→ EXERCISE
Your answer should be each line of the entries that contains the word "Benitachell", copied in full.

(Extracted records)
==========

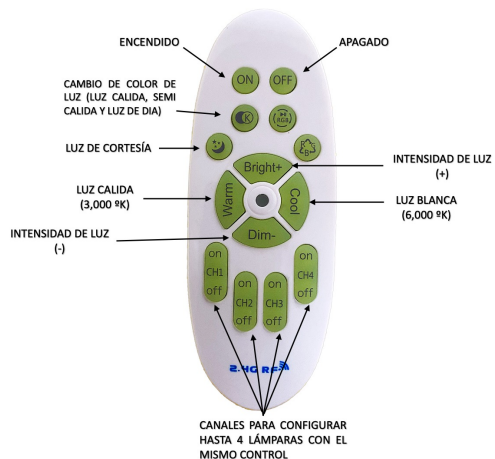

COLORES DISPONIBLES

NEGRO BLANCO MADERA
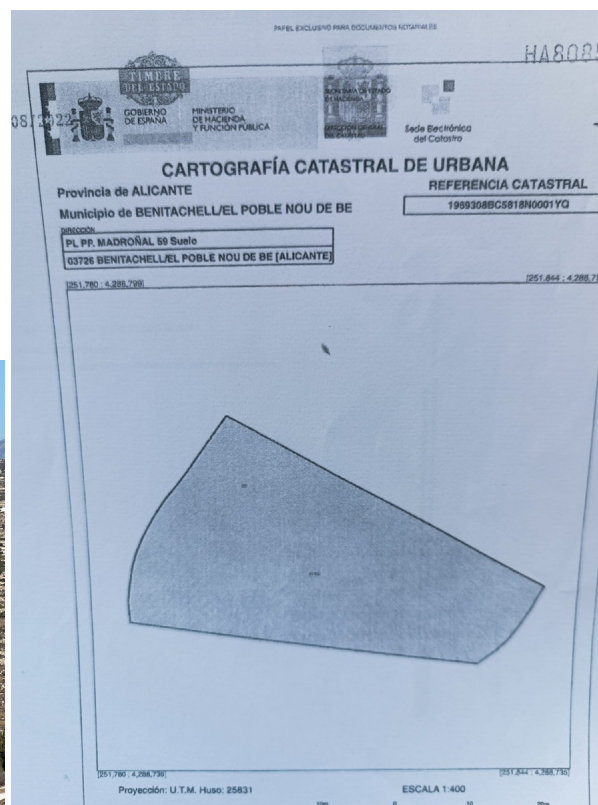

terreno en venta Benitachell, Marina Alta

Parcela en Venta entre Moraira y Benitachell con Orientación Suroeste. Terreno libre de construcción.

gegevens woning

Hispacasas id: **6270603**
referentie: **50.271**
nabij of in: **Benitachell**
regio: **Marina Alta**
woningtype: **terreno**
kamers: **niet opgegeven**
opp. woning: **- m2**
opp. terrein: **- m2**
prijs: **€ 195.000**
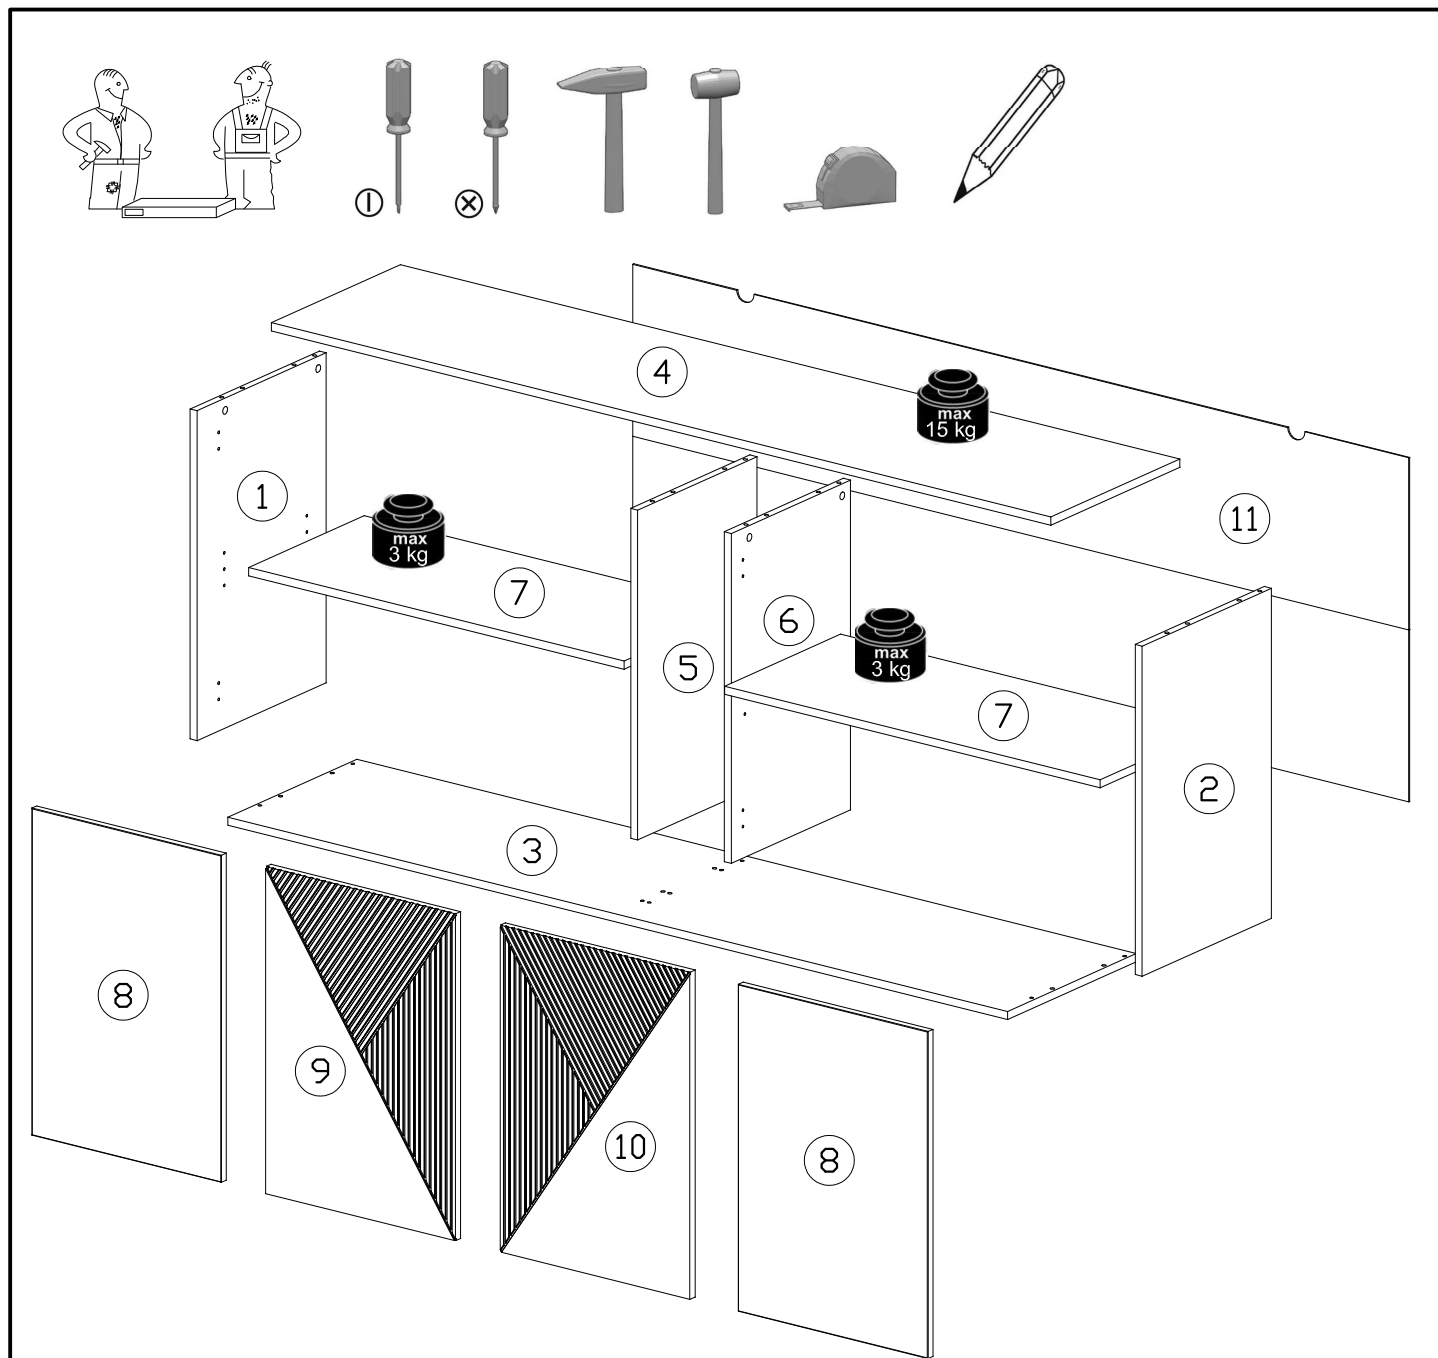

WOODY - KOMODA 4D

WOODY KOMODA 4D - 31102023

120 min

WOODY - KOMODA 4D

WOODY KOMODA 4D - 31102023

REP	DIM	QTE	PACKAGE
1	648 × 400 × 16	1	2 / 2
2	648 × 400 × 16	1	2 / 2
3	1800 × 400 × 16	1	1 / 2
4	1800 × 400 × 16	1	1 / 2
5	648 × 369 × 16	1	2 / 2
6	648 × 369 × 16	1	2 / 2
7	867 × 359 × 16	2	2 / 2
8	642 × 438 × 16	2	2 / 2
9	642 × 438 × 16	1	2 / 2
10	642 × 438 × 16	1	2 / 2
11	1792 × 338 + 338 × 3	1	1 / 2

==========

→ YOUR RESPONSE
terreno en venta Benitachell, Marina Alta
Parcela en Venta entre Moraira y Benitachell con Orientación Suroeste. Terreno libre de construcción.
nabij of in: **Benitachell**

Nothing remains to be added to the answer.